The SSOT is the most important data asset in the backend system, so two issues arise that need to be addressed properly. The first problem is that, as the most important asset, we usually need to synchronize these data in real time to other systems for further processing such as BI analysis. Without such real-time synchronization mechanism, the data will become an island of data. The second problem is that the data may be damaged for various reasons, such as data damage caused by hardware failure or software Bug, data damage caused by improper operation, data disorder caused by wrong SQL, etc., so it is very necessary to provide a variety of mechanisms to guarantee the security of the data.

Global Binlog

PolarDB-X is a distributed database product that is highly compatible with the MySQL ecosystem, so let’s first take a look at how MySQL can solve the data island problem.

As can be seen from DB-Engines’ list, MySQL’s popularity is higher than that of other open source databases combined, which means that MySQL’s ecology is very prosperous. For example, the downstream system of MySQL includes Kafka, MySQL standby node, Canal various data synchronization tools, Pulsar and so on.
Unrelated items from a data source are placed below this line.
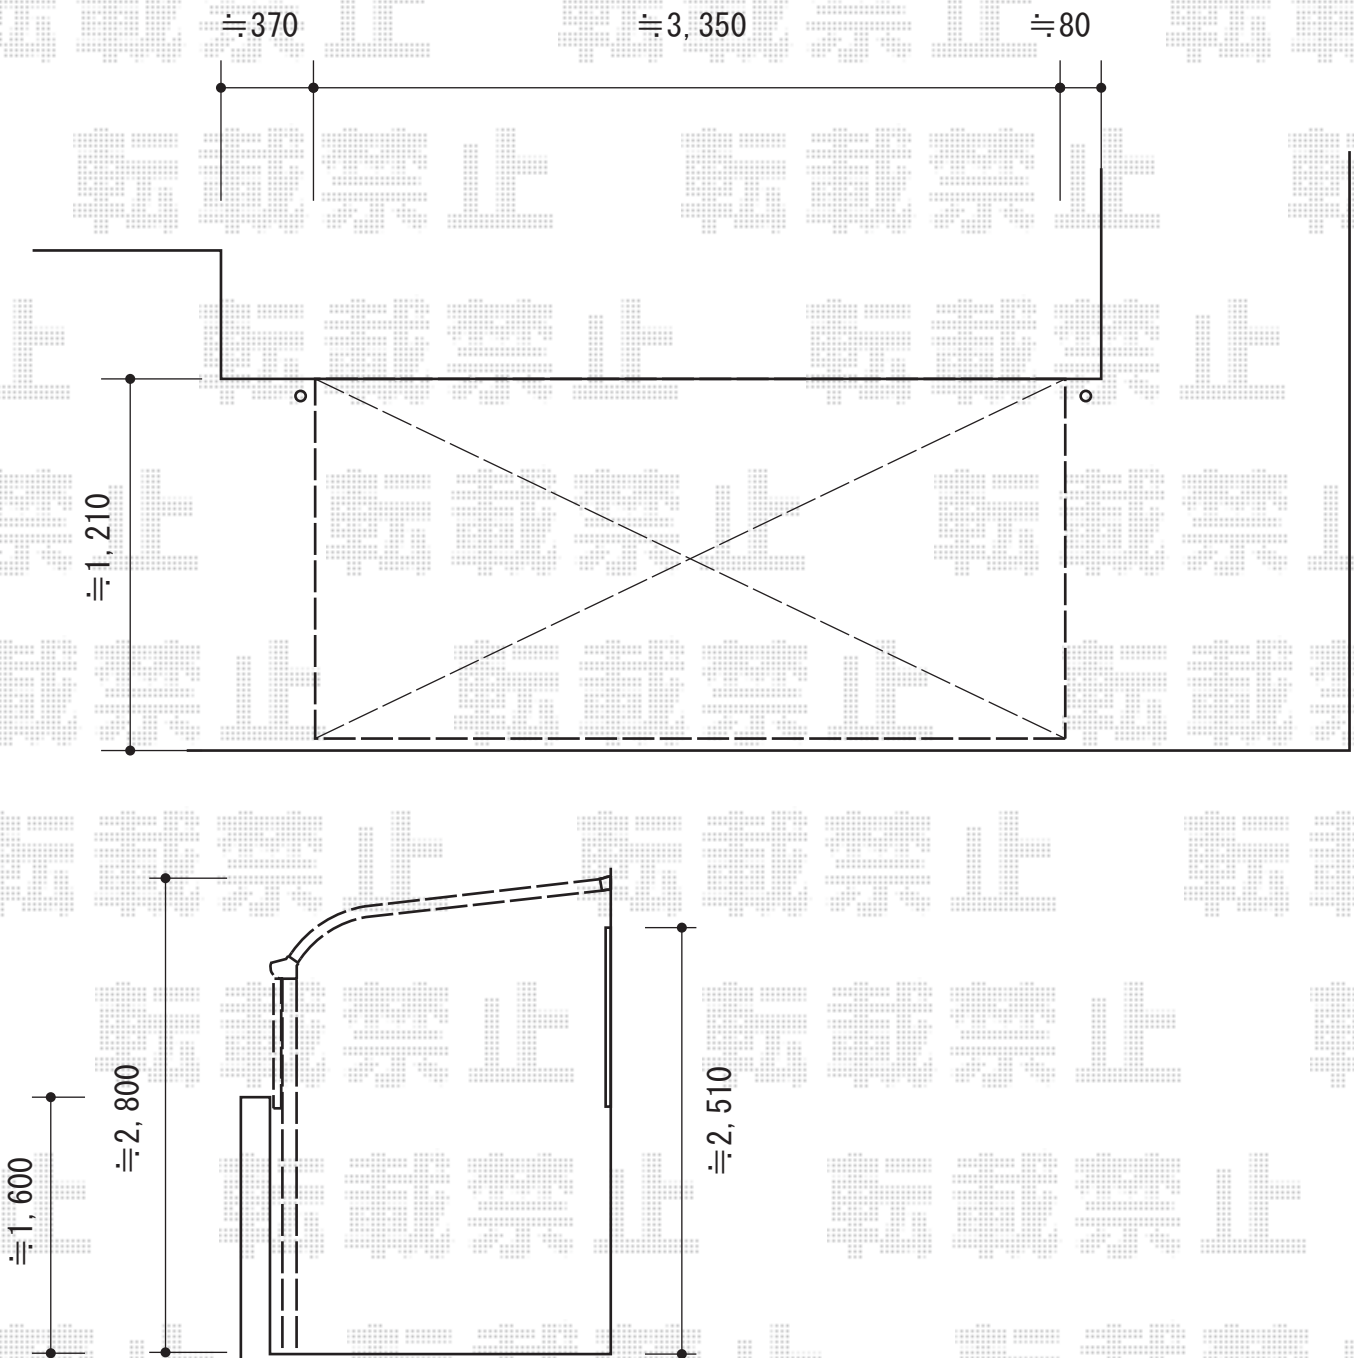

ライザーテラスII R型 テラスタイプ 単体 積雪~20cm対応

トステム ライザーテラスII R型 テラスタイプ
単体 積雪~20cm対応
間口=関東間2.0間 (柱芯々3,440mm 屋根幅3,660mm)
出幅=4尺 (1,185mm) 色: ホワイト
屋根材: ポリカーボネート (ブルースモーク)
柱仕様: 柱位置固定タイプ (柱2本)
施工方法: 上止め

現場状況や作図制限により概略図の内容と多少の違いが生じることがございます。
施工時は、現場優先とさせて頂きたく思いますので、お立会い頂き、
最終のご指示のほど、何卒、宜しくお願い致します。
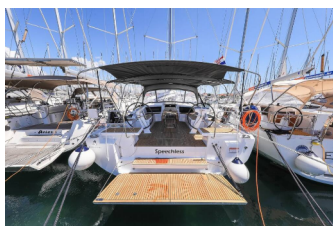

Web: [www.croatia-holidays-charter.com](http://www.croatia-holidays-charter.com)

<b>Base Yacht</b>	Marina Kornati, Biograd, Croazia
<b>Yacht ID</b>	1754
<b>Marchi Yacht</b>	Beneteau
<b>Nome Yacht</b>	Speechless
<b>Anno Di Produzione</b>	2020
<b>Lunghezza</b>	14.60 M
<b>Cabine</b>	5
<b>Posti Letto</b>	10 + 2
<b>Persone Max</b>	12
<b>WC</b>	3
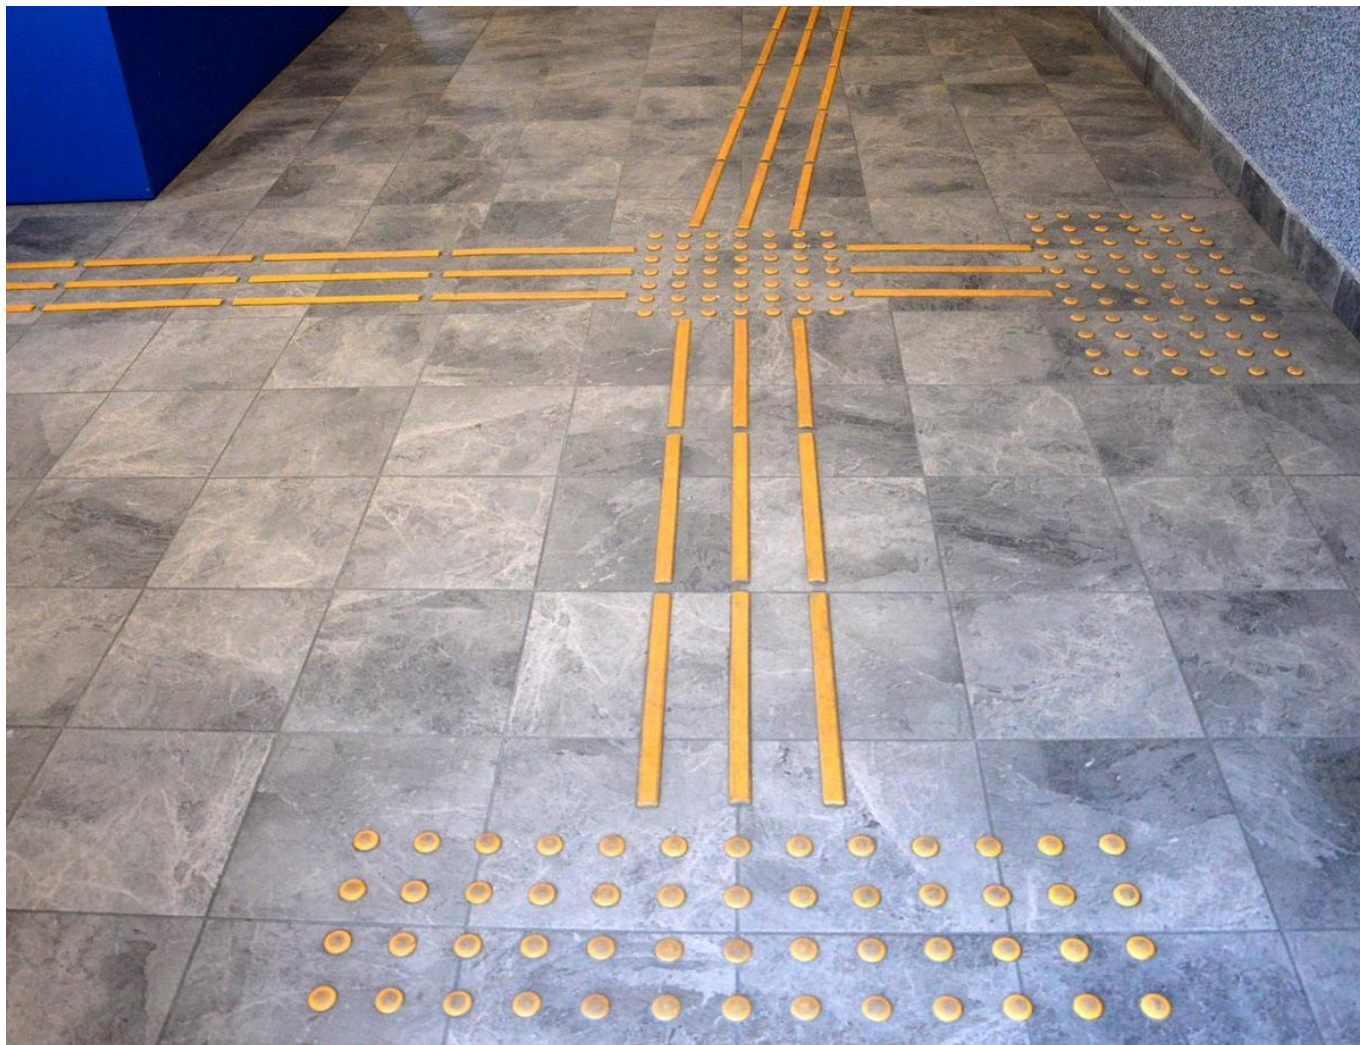

INFORMACJA O DOSTĘPNOŚCI KOMENDY POWIATOWEJ POLICJI W BIŁGORAJU DLA OSÓB Z NIEPEŁNOSPRAWNOŚCIAMI

Dostępność budynku przy ulicy Polnej w Biłgoraju

Wejście na teren budynku Komendy Powiatowej Policji w Biłgoraju znajduje się od strony ulicy Polnej.

Aby dotrzeć do budynku należy przejść przez furtkę znajdującą się na wprost wejścia do komendy.

Bezpośrednio przed budynkiem znajduje się parking. Przy ulicy Polnej na wprost budynku komendy znajduje się parking z oznaczonym miejscem parkingowym dla osób poruszających się na wózku inwalidzkim.

Do ogólnodostępnej części budynku można dostać się po ośmiu stopniach wyposażonych w poręczę lub za pomocą podjazdu dla osób poruszających się na wózku inwalidzkim znajdującym się po lewej stronie od wejścia.

Budynek nie posiada windy.

W holu budynku znajdują się oznaczenia poziome dla osób niewidomych i słabowidzących w postaci pól i ścieżek naprowadzających w kolorze żółtym.

Po lewej stronie od wejścia do budynku znajduje się punkt podawczy i recepcyjny. Punkt ten jest dostosowany do obsługi osób z niepełnosprawnością, poruszających się na wózku inwalidzkim. Po lewej stronie punktu podawczego znajduje się toaleta dostosowana do potrzeb osób z niepełnosprawnością, poruszających się na wózku inwalidzkim.
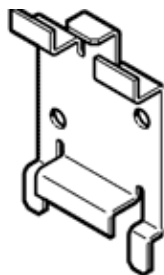

# Montáž na stenu SAMH-PU-W

číslo dielca: 8003355

FESTO

## údajový list

charakteristický znak	Hodnota
Materiálový údaj	zhoda s RoHS
Typ upevnenia	s priebežným vŕtaním
Materiálová informácia	vysokolegovaná nehrdzavejúca oceľ
Trieda odolnosti proti korózii KBK	2 - Mierne zaťaženie koróziou
LABS - konformita	VDMA24364-B1/B2-L

MySQL implements real-time incremental data synchronization with downstream systems through the Binlog mechanism. Binlog can be regarded as a message queue, in which detailed incremental Change information in MySQL is stored in sequence. By consuming this queue, downstream systems or tools realize real-time Data synchronization with MySQL. This mechanism is also called CDC (Change Data Capture). Incremental data capture.
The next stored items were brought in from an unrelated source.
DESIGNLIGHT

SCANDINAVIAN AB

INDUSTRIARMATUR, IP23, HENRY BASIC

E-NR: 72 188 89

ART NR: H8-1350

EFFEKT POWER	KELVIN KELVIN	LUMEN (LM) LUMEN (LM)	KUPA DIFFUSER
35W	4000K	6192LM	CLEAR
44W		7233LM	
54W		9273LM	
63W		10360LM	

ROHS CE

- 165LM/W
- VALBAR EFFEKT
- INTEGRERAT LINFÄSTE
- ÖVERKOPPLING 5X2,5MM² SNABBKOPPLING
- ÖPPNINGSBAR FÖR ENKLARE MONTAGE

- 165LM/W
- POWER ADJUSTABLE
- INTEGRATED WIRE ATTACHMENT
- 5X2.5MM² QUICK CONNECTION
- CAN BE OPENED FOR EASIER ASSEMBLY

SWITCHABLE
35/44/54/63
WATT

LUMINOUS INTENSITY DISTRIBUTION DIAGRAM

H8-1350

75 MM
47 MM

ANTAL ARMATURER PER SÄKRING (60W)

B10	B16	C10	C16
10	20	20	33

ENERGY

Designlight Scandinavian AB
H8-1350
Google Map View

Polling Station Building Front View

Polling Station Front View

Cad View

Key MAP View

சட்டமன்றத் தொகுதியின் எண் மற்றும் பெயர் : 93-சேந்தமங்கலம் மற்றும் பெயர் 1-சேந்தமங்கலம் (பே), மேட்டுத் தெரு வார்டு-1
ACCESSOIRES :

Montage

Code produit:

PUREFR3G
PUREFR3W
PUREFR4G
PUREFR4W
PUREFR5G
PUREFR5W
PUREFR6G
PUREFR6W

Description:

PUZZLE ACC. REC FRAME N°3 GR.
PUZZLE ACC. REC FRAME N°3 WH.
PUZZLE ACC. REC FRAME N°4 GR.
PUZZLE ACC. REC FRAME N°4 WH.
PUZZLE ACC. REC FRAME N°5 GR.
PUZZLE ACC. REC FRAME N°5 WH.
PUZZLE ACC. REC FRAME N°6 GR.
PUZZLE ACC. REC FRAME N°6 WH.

Distributed databases provide CDC capabilities with higher complexity than stand-alone databases. A distributed database typically contains multiple nodes that generate multiple incremental log queues, and downstream consumption of multiple queues has several issues.

  1. Since there are multiple queues, how can the order of change events in multiple queues be determined when downstream consumption occurs?
  2. Changes to distributed transactions may involve multiple queues. If transaction integrity is to be guaranteed at consumption time, how can change events from the same transaction be discovered and merged?
  3. The system has a scale-up capacity (that is, the increase and decrease of the queue), how to deal with the downstream correctly?
  4. DDL will involve multiple queues. How can the downstream accurately identify the position before and after the Schema change of each queue and coordinate the consumption schedule?

Faced with these problems, CDC capabilities of distributed databases need to be trade-off in terms of implementation difficulty, supporting features, ease of use, etc. Generally speaking, to provide multiple downstream queue, don’t guarantee transaction integrity only provides the consistency and provide custom formatting incremental log is a relatively easy to implement, but the plan puts forward higher requirements on the downstream consumption, such as to develop consumer code or tool, need to consider multiple queue coordination problems, etc. A more experience friendly approach is to significantly reduce the cost of setting up a data synchronization link by providing CDC’s ability to experience exactly the same as MySQL Binlog, allowing downstream to consume incremental changes to the distributed database as transparently as consuming MySQL Binlog. This is also the solution for PolarDB-X 2.0, which we call the global Binlog.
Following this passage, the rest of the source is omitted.